──────── RECORD EXCERPTS ────────

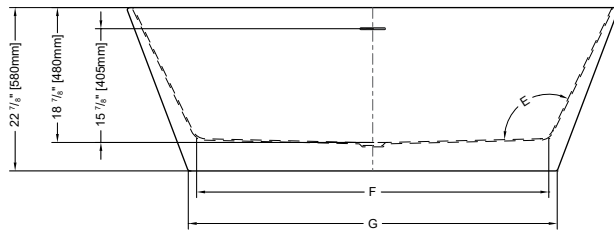

Tolerance on dimensions: ± 1/4" (6 mm)

MODEL	A	B	C	D	E	F	G	H	I
BCA5631	56 1/8" [1425mm]	28" [715mm]	31" [785mm]	15 1/2" [395mm]	115°	38 3/8" [975mm]	40 3/4" [1035mm]	21 3/8" [545mm]	25 1/8" [635mm]
BCA6829	68 7/8" [1750mm]	34 1/2" [875mm]	29 1/2" [750mm]	14 3/4" [375mm]	117°	49 1/4" [1250mm]	51 5/8" [1310mm]	19 7/8" [505mm]	23 5/8" [600mm]

To receive the full size paper template for this tub model, simply send us a request indicating code **TMPBCA5631** for petite, or **TMPBCA6829** for grande. We will gladly mail it to you at no charge.

NEW **FLEURCO connect**
FREESTANDING TUB INSTALLATION MADE EASY

ABS model: **DRAINFC-T-ABS-33 $190**
PVC model: **DRAINFC-T-PVC-18 $190**
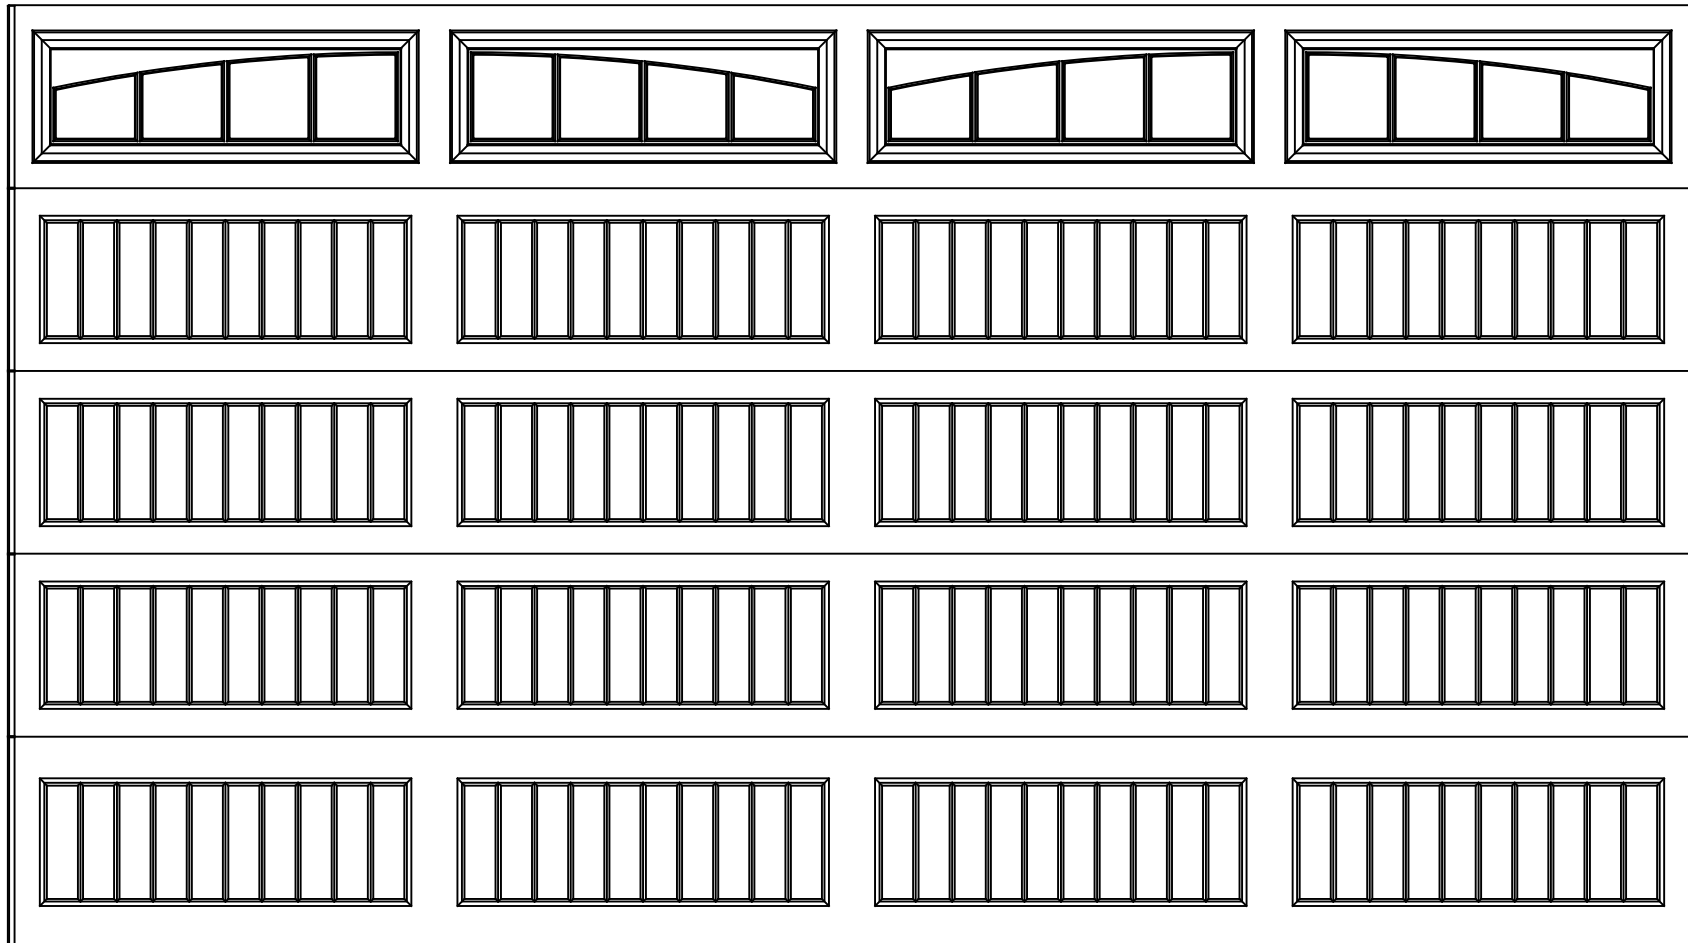

# EXTERIOR VIEW

16'0" X 9'0" 8300 SONOMA RANCH DESIGN

5 SECTION/4 PANEL

DOUBLE WYNDBRIDGE IV TOP SECTION SHOWN

(4) 20.8" & (1) 24.0" SECTIONS

────────

WORK REQUIRED
Copy the final stretch of the entries exactly: the line containing "To receive the" and every line after it through the last. Include no pictures and nothing more.

RESULT OF THE TASK
To receive the full size paper template for this tub model, simply send us a request indicating code **TMPBCA5631** for petite, or **TMPBCA6829** for grande. We will gladly mail it to you at no charge.

NEW **FLEURCO connect**
FREESTANDING TUB INSTALLATION MADE EASY

ABS model: **DRAINFC-T-ABS-33 $190**
PVC model: **DRAINFC-T-PVC-18 $190**

# EXTERIOR VIEW

16'0" X 9'0" 8300 SONOMA RANCH DESIGN

5 SECTION/4 PANEL

DOUBLE WYNDBRIDGE IV TOP SECTION SHOWN

(4) 20.8" & (1) 24.0" SECTIONS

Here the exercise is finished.